(RECORDED DATA)
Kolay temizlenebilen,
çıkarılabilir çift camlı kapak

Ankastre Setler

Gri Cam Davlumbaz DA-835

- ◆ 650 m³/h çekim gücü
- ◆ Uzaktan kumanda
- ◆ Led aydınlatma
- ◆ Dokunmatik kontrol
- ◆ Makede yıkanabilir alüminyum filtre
(End RECORDED DATA)
(RECORDED DATA)
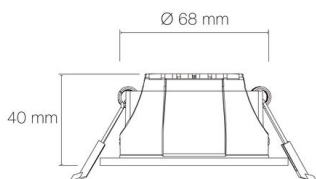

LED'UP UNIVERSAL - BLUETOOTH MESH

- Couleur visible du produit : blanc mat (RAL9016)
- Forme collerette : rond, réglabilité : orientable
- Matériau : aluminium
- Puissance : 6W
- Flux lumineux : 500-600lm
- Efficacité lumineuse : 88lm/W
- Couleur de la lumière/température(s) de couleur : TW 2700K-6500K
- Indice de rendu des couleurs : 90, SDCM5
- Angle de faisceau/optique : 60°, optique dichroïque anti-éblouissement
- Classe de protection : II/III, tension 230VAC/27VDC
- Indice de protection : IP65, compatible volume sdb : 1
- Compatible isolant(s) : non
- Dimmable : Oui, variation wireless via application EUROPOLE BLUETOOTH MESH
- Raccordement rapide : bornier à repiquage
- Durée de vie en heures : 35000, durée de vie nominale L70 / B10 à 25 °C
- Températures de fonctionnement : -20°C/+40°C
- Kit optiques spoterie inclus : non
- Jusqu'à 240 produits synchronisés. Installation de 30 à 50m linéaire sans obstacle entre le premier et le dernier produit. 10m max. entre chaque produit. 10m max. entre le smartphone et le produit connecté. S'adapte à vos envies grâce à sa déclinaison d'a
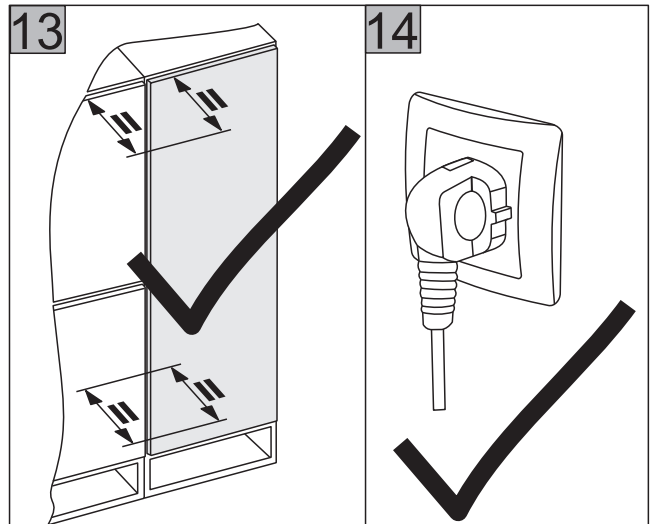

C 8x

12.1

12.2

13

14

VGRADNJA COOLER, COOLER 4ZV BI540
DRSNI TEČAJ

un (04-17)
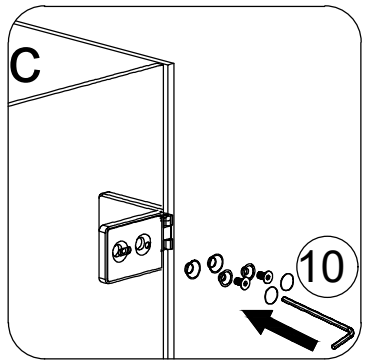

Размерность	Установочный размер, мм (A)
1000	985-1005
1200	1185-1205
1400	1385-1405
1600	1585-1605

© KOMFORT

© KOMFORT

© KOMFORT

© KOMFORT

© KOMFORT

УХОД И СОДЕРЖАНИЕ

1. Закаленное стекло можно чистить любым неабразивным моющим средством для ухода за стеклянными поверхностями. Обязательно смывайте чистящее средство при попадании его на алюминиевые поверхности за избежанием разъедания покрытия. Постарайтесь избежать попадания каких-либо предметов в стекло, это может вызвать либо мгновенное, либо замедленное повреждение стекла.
(End RECORDED DATA)
(RECORDED DATA)
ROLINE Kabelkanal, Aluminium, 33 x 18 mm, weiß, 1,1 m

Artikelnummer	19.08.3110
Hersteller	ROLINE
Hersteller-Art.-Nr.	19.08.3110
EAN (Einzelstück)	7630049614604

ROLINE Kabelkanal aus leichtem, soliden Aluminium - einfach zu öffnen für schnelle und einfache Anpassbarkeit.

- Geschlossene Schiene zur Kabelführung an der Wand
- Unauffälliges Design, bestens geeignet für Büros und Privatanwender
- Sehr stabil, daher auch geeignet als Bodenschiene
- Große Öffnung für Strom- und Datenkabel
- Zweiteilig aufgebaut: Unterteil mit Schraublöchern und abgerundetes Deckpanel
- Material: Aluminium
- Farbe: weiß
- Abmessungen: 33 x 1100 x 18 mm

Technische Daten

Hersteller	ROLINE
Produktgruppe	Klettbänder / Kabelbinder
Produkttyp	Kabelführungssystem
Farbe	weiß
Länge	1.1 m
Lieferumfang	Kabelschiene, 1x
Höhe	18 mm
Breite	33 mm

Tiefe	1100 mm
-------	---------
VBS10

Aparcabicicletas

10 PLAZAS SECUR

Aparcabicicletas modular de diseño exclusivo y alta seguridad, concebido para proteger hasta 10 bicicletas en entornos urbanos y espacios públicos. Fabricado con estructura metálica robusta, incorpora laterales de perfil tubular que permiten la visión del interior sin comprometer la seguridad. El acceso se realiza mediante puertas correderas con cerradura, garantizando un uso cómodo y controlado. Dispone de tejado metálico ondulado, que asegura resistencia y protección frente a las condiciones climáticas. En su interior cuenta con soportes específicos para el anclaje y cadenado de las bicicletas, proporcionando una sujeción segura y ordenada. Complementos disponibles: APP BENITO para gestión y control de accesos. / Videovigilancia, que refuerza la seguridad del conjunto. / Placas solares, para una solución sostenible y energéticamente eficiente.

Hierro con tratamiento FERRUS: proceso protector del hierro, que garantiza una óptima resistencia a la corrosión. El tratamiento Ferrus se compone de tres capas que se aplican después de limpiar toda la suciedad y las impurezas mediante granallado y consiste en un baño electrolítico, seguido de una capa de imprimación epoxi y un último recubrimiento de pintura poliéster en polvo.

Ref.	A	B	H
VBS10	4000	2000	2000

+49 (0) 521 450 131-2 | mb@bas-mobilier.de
(End RECORDED DATA)
Return exactly the lines above from the line that has "Technische Daten" through the line that has "10 PLAZAS SECUR", inclusive, and nothing else.

Technische Daten

Hersteller	ROLINE
Produktgruppe	Klettbänder / Kabelbinder
Produkttyp	Kabelführungssystem
Farbe	weiß
Länge	1.1 m
Lieferumfang	Kabelschiene, 1x
Höhe	18 mm
Breite	33 mm

Tiefe	1100 mm
-------	---------
VBS10

Aparcabicicletas

10 PLAZAS SECUR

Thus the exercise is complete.